Individuals with common diseases but with a low polygenic risk score could be prioritized for rare variant screening.

机构信息

Centre for Clinical Epidemiology, Lady Davis Institute for Medical Research, Jewish General Hospital, Montreal, QC, Canada.

Quantitative Life Sciences Program, McGill University, Montreal, QC, Canada.

出版信息

Genet Med. 2021 Mar;23(3):508-515. doi: 10.1038/s41436-020-01007-7. Epub 2020 Oct 28.

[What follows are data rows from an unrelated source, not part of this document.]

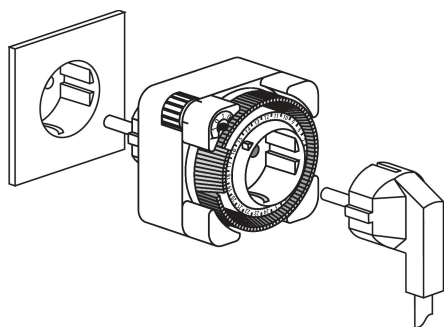

theben-timer 26

Artikel-Nr.: 0260030

Zeit- und Lichtsteuerung
Analoge Zeitschaltuhren

Funktionsbeschreibung

- Analoge Steckdosenschaltuhr
- 1 Kanal
- Ohne Gangreserve
- Netzsynchron
- Verwendung für Schuko-Steckdosen (andere Steckertypen auf Anfrage)
- Schaltungsvorwahl
- Schaltzustandsanzeige

Technische Daten

theben-timer 26	
Betriebsspannung	230 V AC
Frequenz	50 Hz
Anzahl Kanäle	1
Montageart	Steckdosen-Zwischenstecker
Anschlussart	Steckdosen-Zwischenstecker
Programm	Tagesprogramm
Schaltleistung bei 250 V AC, $\cos \varphi = 1$	16 A
Schaltleistung bei 250 V AC, $\cos \varphi = 0,6$	4 A
Glüh- / Halogenlampenlast	3500 W
LED-Lampe < 2 W	40 W
LED-Lampe 2-8 W	400 W

theben-timer 26	
LED-Lampe > 8 W	400 W
Kürzeste Schaltzeit	15 min
Programmierbar alle	15 min
Ganggenauigkeit bei 25 °C	Netzsynchron
Kontaktart	Schließer
Anzahl Schaltsegmente	96
Stand-by Leistung	~0,8 W
Gehäuse- und Isolationsmaterial	Hochtemperaturbeständige, selbsterlöschende Thermoplaste
Schutzart	IP 20
Schutzklasse	II nach EN 60 730-1
Umgebungstemperatur	-40°C ... 55°C

Anschlussbilder

Technische Änderungen und Druckfehler vorbehalten

weitere Informationen unter: www.theben.de/produkt/0260030

Die Lastangaben werden mit exemplarisch ausgesuchten Leuchtmitteln ermittelt und sind daher aufgrund der Vielzahl der erhältlichen Produkte typische Angaben.

02.03.2026
Seite 1 von 2

DOI:10.1038/s41436-020-01007-7
PMID:33110269
Abstract

PURPOSE

Identifying rare genetic causes of common diseases can improve diagnostic and treatment strategies, but incurs high costs. We tested whether individuals with common disease and low polygenic risk score (PRS) for that disease generated from less expensive genome-wide genotyping data are more likely to carry rare pathogenic variants.

METHODS

We identified patients with one of five common complex diseases among 44,550 individuals who underwent exome sequencing in the UK Biobank. We derived PRS for these five diseases, and identified pathogenic rare variant heterozygotes. We tested whether individuals with disease and low PRS were more likely to carry rare pathogenic variants.

RESULTS

While rare pathogenic variants conferred, at most, 5.18-fold (95% confidence interval [CI]: 2.32-10.13) increased odds of disease, a standard deviation increase in PRS, at most, increased the odds of disease by 5.25-fold (95% CI: 5.06-5.45). Among diseased patients, a standard deviation decrease in the PRS was associated with, at most, 2.82-fold (95% CI: 1.14-7.46) increased odds of identifying rare variant heterozygotes.

CONCLUSION

Rare pathogenic variants were more prevalent among affected patients with a low PRS. Therefore, prioritizing individuals for sequencing who have disease but low PRS may increase the yield of sequencing studies to identify rare variant heterozygotes.

摘要

目的

确定常见疾病的罕见遗传病因可以改善诊断和治疗策略,但成本高昂。我们测试了是否患有常见疾病且该疾病的低多基因风险评分(PRS)来自成本较低的全基因组基因分型数据的个体更有可能携带罕见的致病性变异。

方法

我们在 UK Biobank 中对 44550 名接受外显子组测序的个体中,鉴定出患有五种常见复杂疾病之一的患者。我们为这五种疾病推导了 PRS,并确定了致病性罕见变异杂合子。我们测试了患有疾病且 PRS 较低的个体是否更有可能携带罕见的致病性变异。

结果

虽然罕见的致病性变异最多可将疾病的几率增加 5.18 倍(95%置信区间[CI]:2.32-10.13),但 PRS 的标准偏差增加最多可将疾病的几率增加 5.25 倍(95% CI:5.06-5.45)。在患病患者中,PRS 的标准偏差降低最多可使罕见变异杂合子的几率增加 2.82 倍(95% CI:1.14-7.46)。

结论

低 PRS 的患病患者中更常见罕见的致病性变异。因此,优先对患有疾病但 PRS 较低的个体进行测序可能会增加测序研究以识别罕见变异杂合子的产量。